Supplied entries: Begin

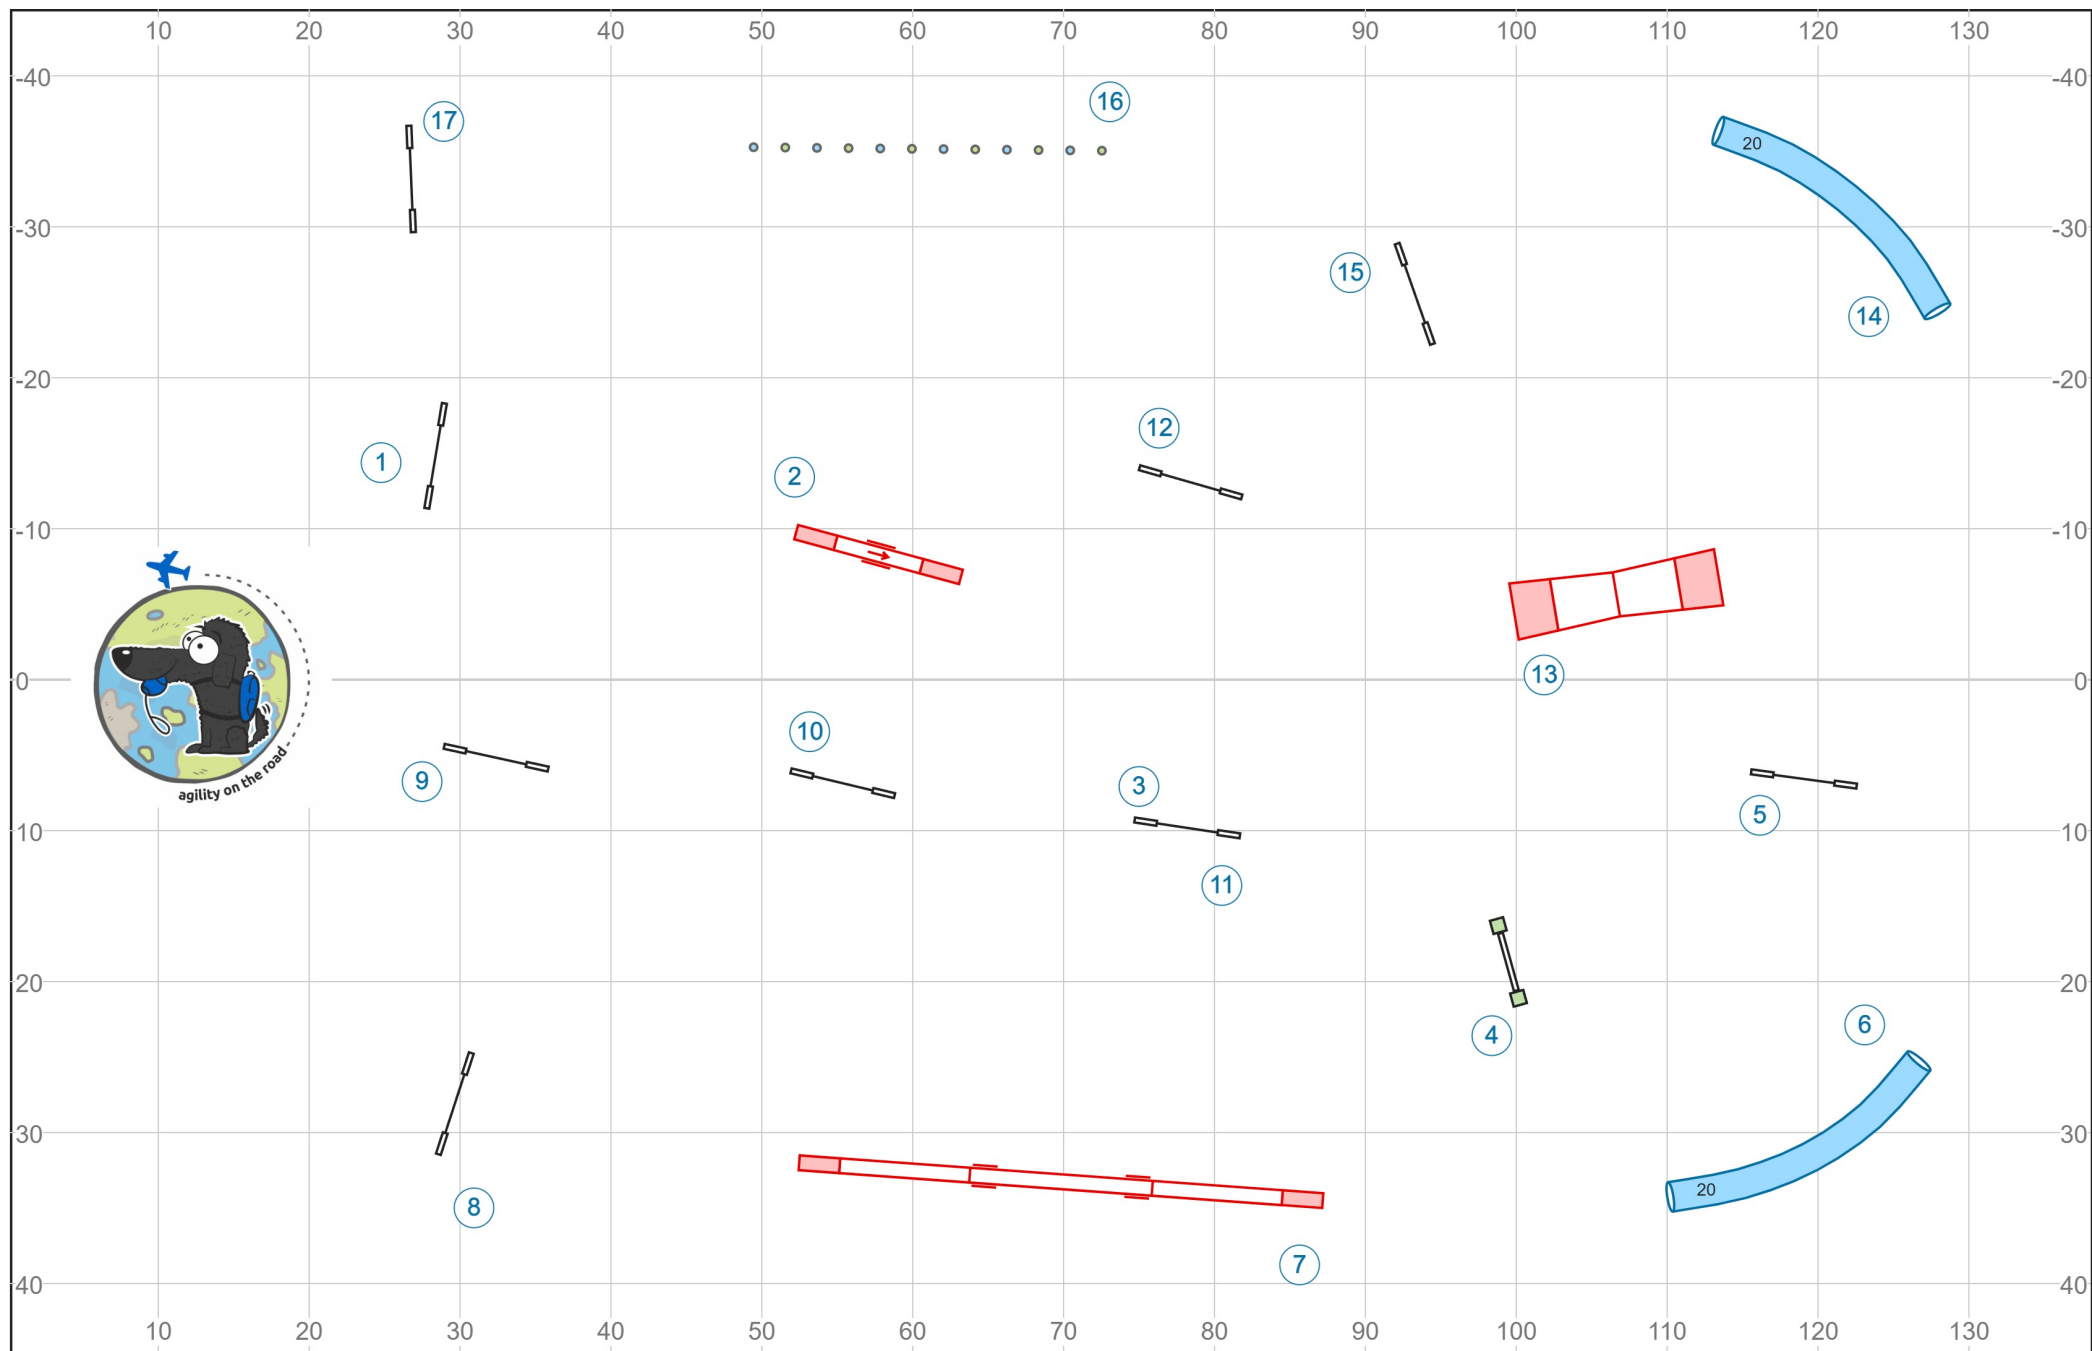

Eng. Springer Spaniel Field Trial Assn / Gray Summit, MO / 7.13.25 / AKC ISC A1 / Hausnerová / Zich

Eng. Springer Spaniel Field Trial Assn / Gray Summit, MO / 7.13.25 / AKC ISC A3 / Hausnerová / Zich

Eng. Springer Spaniel Field Trial Assn / Gray Summit, MO / 7.13.25 / AKC ISC J1 / Hausnerová / Zich

Eng. Springer Spaniel Field Trial Assn / Gray Summit, MO / 7.13.25 / AKC ISC J2 / Hausnerová / Zich

Eng. Springer Spaniel Field Trial Assn / Gray Summit, MO / 7.13.25 / AKC ISC J3 / Hausnerová / Zich

Supplied entries: End

## Your instructions:
Before duplicating the entries above, strip out the pictures and keep the rest exact.

## Solved problem:
Eng. Springer Spaniel Field Trial Assn / Gray Summit, MO / 7.13.25 / AKC ISC A1 / Hausnerová / Zich

Eng. Springer Spaniel Field Trial Assn / Gray Summit, MO / 7.13.25 / AKC ISC A3 / Hausnerová / Zich

Eng. Springer Spaniel Field Trial Assn / Gray Summit, MO / 7.13.25 / AKC ISC J1 / Hausnerová / Zich

Eng. Springer Spaniel Field Trial Assn / Gray Summit, MO / 7.13.25 / AKC ISC J2 / Hausnerová / Zich

Eng. Springer Spaniel Field Trial Assn / Gray Summit, MO / 7.13.25 / AKC ISC J3 / Hausnerová / Zich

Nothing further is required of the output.